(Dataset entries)
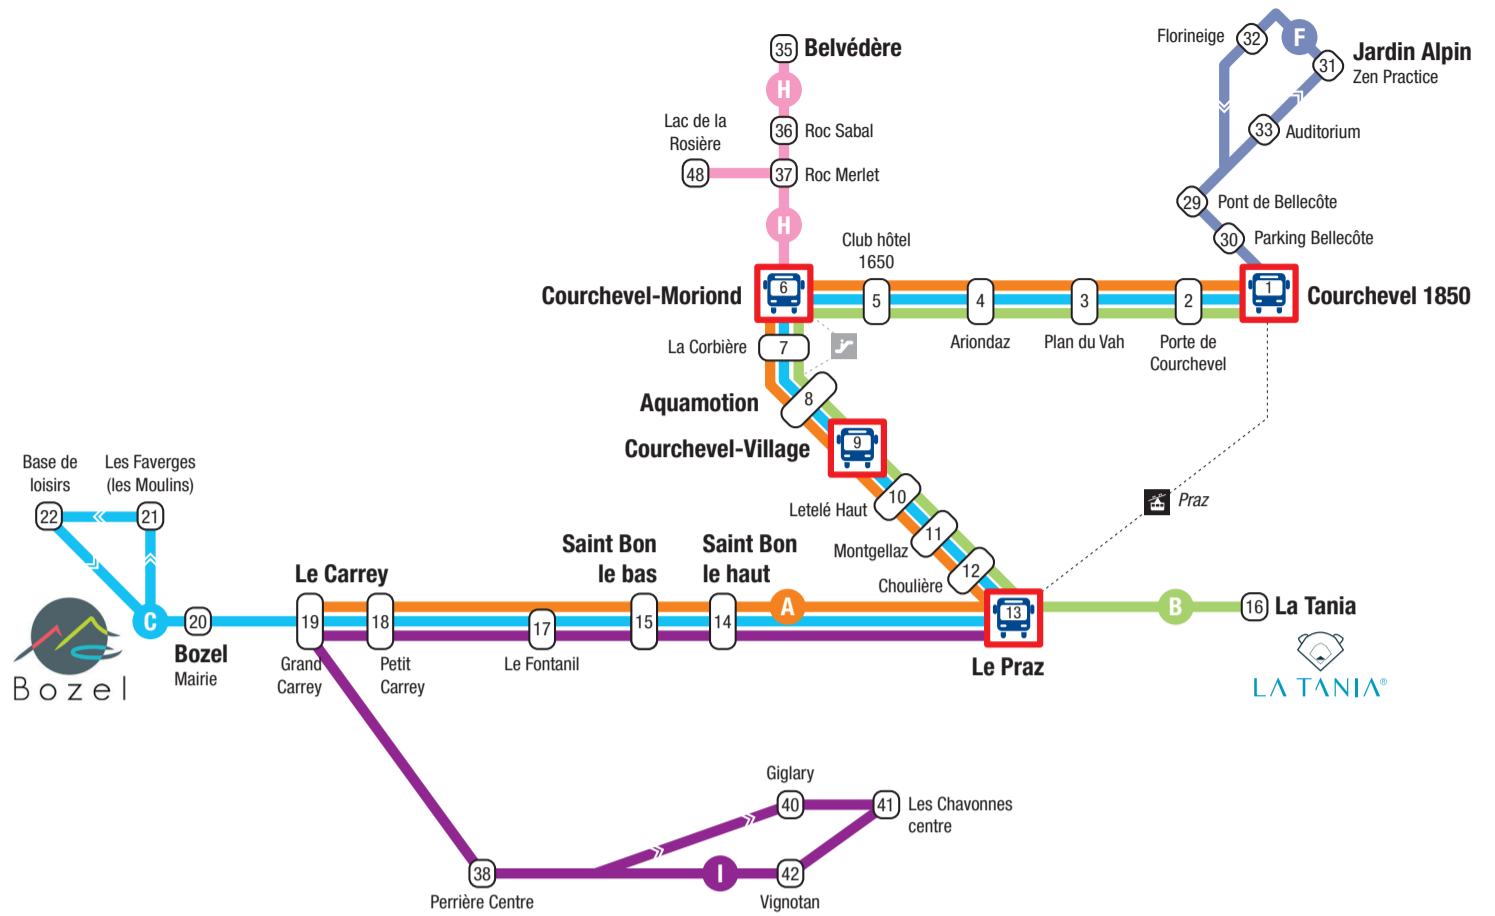

Les grands bus du réseau sont équipés d'une remorque acceptant 10 vélos, y compris ceux à assistance électrique

Tous les horaires et renforts animations en flashant le QR code

Lignes A B I

Horaires télécabines de 9:30 à 16:45

Vélos acceptés, y compris VAE

Ligne A										Ligne B												
39/40 41/42	38	18 19	14 15	13	16	13	9	8	6	1	1	6	8	9	13	16	13	14 15	18 19	38	39/40 41/42	
GIGLARY, CHAVONNES, VIGNOTAN	PERRIERE CENTRE	CARREY	SAINT BON	LE PRAZ Sizerette	LA TANIA	LE PRAZ Alpinium	COURCHEVEL VILLAGE	AQUAMOTION	COURCHEVEL MORIOND	COURCHEVEL 1850	COURCHEVEL 1850	COURCHEVEL MORIOND	AQUAMOTION	COURCHEVEL VILLAGE	LE PRAZ Sizerette	LA TANIA	LE PRAZ Alpinium	SAINT BON	CARREY	PERRIERE CENTRE	GIGLARY, CHAVONNES, VIGNOTAN	
7:55*	7:57	8:05	8:10	8:15	8:20	8:25	8:30	8:32	8:40	8:50	9:00	9:10	9:18	9:20	9:25	9:30						
					9:35	9:40	9:45	9:47	9:55	10:05	10:10	10:20	10:28	10:30	10:35	10:40						
	9:30	9:35	9:40	9:45	>>>	>>>	9:50	9:55	9:57	10:05												
					10:45	10:50	10:55	10:57	11:05	11:15	11:20	11:30	11:38	11:40	11:45	11:50	11:55	12:00				
			12:05	12:10	12:15	12:20	12:25	12:27	12:35	12:45		12:10	12:18	12:20	12:25	>>>	>>>	12:30	12:35	12:40	12:45	
	12:45	12:50	12:55	13:00	>>>	>>>	13:05	13:10	13:12	13:20	13:30	13:20	13:30	13:38	13:40	13:45	13:50	13:55	14:00			
			14:05	14:10	14:15	14:20	14:25	14:27	14:35	14:45												
			15:35	15:40	15:45	15:50	15:55	15:57	16:05	16:15												
	16:45	16:50	16:55	17:00	>>>	>>>	17:05	17:10	17:12	17:20												
			18:15	18:20	18:25	18:30	18:35	18:37	18:45	18:55												
			19:45	19:50	19:55	20:00	20:05	20:07	20:15	20:25												
			21:15	21:20	21:25	21:30	21:35	21:37	21:45	21:55												

XX:XX Attention : petit véhicule 20 places

* desserte uniquement de Vignotan

Ligne H

6	37	48	48	37	6
COURCHEVEL MORIOND*	ZENITH ROC MERLET	LAC DE LA ROSIÈRE	LAC DE LA ROSIÈRE	ZENITH ROC MERLET	COURCHEVEL MORIOND
10:10	10:15	10:25	10:25	10:35	10:40
10:40	10:45	10:55	10:55	11:05	11:10
11:10	11:15	11:25	11:25	11:35	11:40
11:40	11:45	11:55	11:55	12:05	12:10
14:15	14:20	14:30	14:30	14:40	14:45
14:45	14:50	15:00	15:00	15:10	15:15
15:15	15:20	15:30	15:30	15:40	15:45
17:20	17:25	17:35	17:35	17:45	17:50

* Départ de la ligne H
À Courchevel Moriond, il se fait devant la maison de Moriond (cabinet médical).

TÉLÉCHARGEZ L'APPLICATION MOBILITÉ COURCHEVEL
DOWNLOAD THE "MOBILITÉ COURCHEVEL" APP

Télécharger dans l'App Store | Disponible sur Google Play
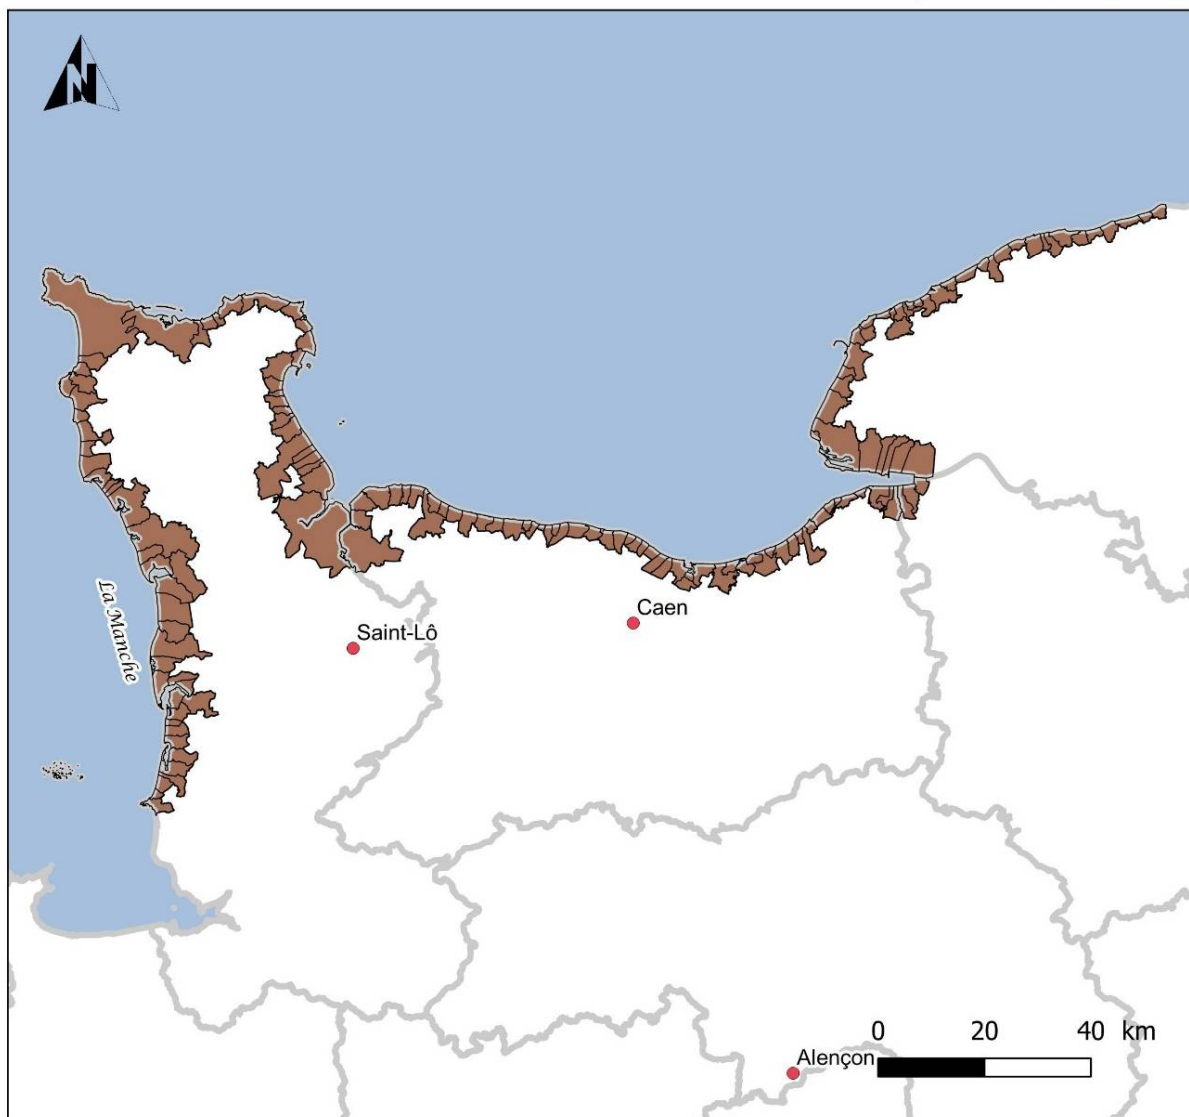

INSTITUT NATIONAL
DE L'ORIGINE ET DE
LA QUALITÉ

AIRE GÉOGRAPHIQUE

IGP Huître de Normandie

Entités administratives

- Préfecture
- limite départementale
- limite communale

Aire géographique

- IGP "Huître de Normandie"
(homologuée COG 2021)

* **ASSIGNMENT**
In how many lines of the data does the string "MOBILITÉ" appear? Give only the number.

* **PROBLEM SOLUTION**
2